FACTS: On April 8, 1976, Lourdes Cipriano (Lourdes) married Socrates Flores


(Socrates). On January 24, 1983, during the subsistence of the said marriage,
Lourdes married Silverio V. Cipriano (Silverio). In 2001, Lourdes filed with the
RTC of Muntinlupa a Petition for the Annulment of her marriage with Socrates
on the ground of the latter’s psychological incapacity. The RTC rendered its
decision declaring the marriage of Lourdes with Socrates null and void. Said
decision became final and executory on October 13, 2003.

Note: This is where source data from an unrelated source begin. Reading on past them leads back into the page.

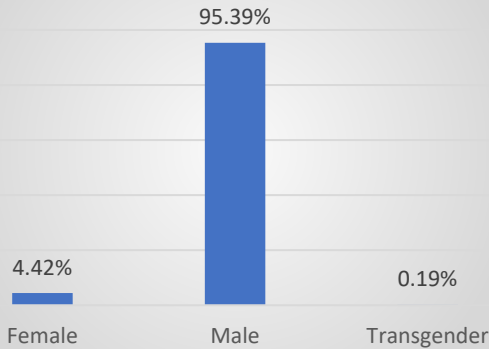

Sheriff's Daily Report

5/18/2021

Under the Custody of the Sheriff	
Total Male and Female	9,255
Jail Population	5,699
Community Corrections	3,556

Jail Population - Behind the Walls

Behind the Walls: Detainees that are physically housed under the Sheriff's custody 24 hours a day/7 days a week. This includes all populations listed on this chart - Divisional populations male & female, Outside Counties, Hospital, PRC, Women's Residential, & VRIC. Detainees in court-ordered treatment programs (PRC, Women's Residential, VRIC) are housed at CCDOC 24 hours a day/7 days week.

Sheriff's Daily Report

5/18/2021

CCSO Population Demographics

In Confinement

Community Corrections

Gender Distribution

Gender Distribution

Race Distribution

Race Distribution

Age Distribution

Age Distribution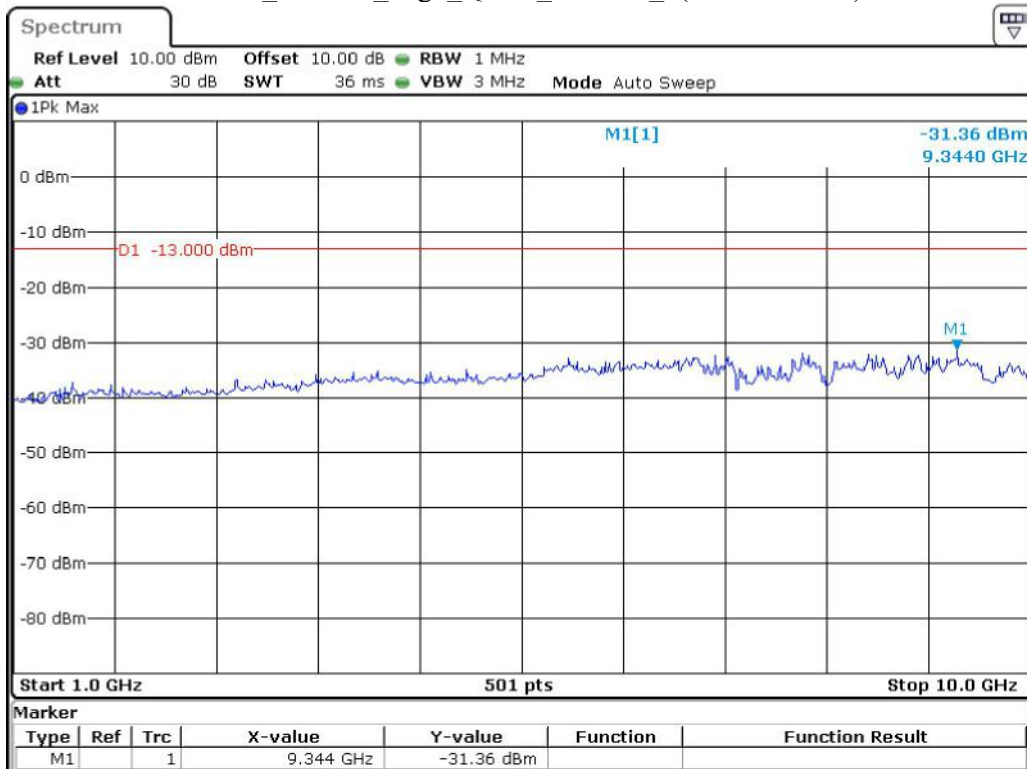

Date: 19.JUN.2023 23:11:04

Band 5_10 MHz_Middle_QPSK_RB50#0_2(1GHz-10GHz)

Date: 19.JUN.2023 23:11:24

Band 5_10 MHz_High_QPSK_RB50#0_1(30MHz-1GHz)

Date: 19.JUN.2023 23:11:57

Band 5_10 MHz_High_QPSK_RB50#0_2(1GHz-10GHz)

On May 14, 2004, petitioner Merlinda Montañez, Silverio’s daughter from the
first marriage, filed a complaint for bigamy against Lourdes alleging that
Lourdes failed to reveal to Silverio that she was still married to Socrates.
Lourdes moved to quash the information alleging that her first marriage to
Socrates had already been declared void ab initio in 2003, thus, there was no
more marriage to speak of prior to her marriage to Silverio on January 24,
1983. She also averred that she had contracted her second marriage before
the effectivity of the Family Code; hence, the existing law at that time did not
require a judicial declaration of absolute nullity as a condition precedent to
contracting a subsequent marriage. Hence, the RTC granted the motion to
quash.

ISSUE: Whether or not the RTC is correct in quashing the information for
bigamy.

HELD: The elements of the crime of bigamy are: (a) the offender has been
legally married; (b) the marriage has not been legally dissolved or, in case his
or her spouse is absent, the absent spouse could not yet be presumed dead
according to the Civil Code; (c) that he contracts a second or subsequent
marriage; and (d) the second or subsequent marriage has all the essential
requisites for validity. The felony is consummated on the celebration of the
second marriage or subsequent marriage. It is essential in the prosecution for
bigamy that the alleged second marriage, having all the essential
requirements, would be valid were it not for the subsistence of the first
marriage.

In this case, it appears that when respondent contracted a second marriage


with Silverio in 1983, her first marriage with Socrates celebrated in 1976 was
still subsisting as the same had not yet been annulled or declared void by a
competent authority. Clearly, the annulment of respondent's first marriage
on the ground of psychological incapacity was declared only in 2003.
In Mercado v. Tan, we ruled that the subsequent judicial declaration of the
nullity of the first marriage was immaterial, because prior to the declaration
of nullity, the crime of bigamy had already been consummated.
As far back as 1995, in Atienza v. Brillantes, Jr., the Court already made the
declaration that Article 40, which is a rule of procedure, should be applied
retroactively because Article 256 of the Family Code itself provides that said
"Code shall have retroactive effect insofar as it does not prejudice or impair
vested or acquired rights." The Court went on to explain, thus: “The fact that
procedural statutes may somehow affect the litigants' rights may not
preclude their retroactive application to pending actions. The retroactive
application of procedural laws is not violative of any right of a person who
may feel that he is adversely affected. The reason is that as a general rule, no
vested right may attach to, nor arise from, procedural laws.” GRANTED.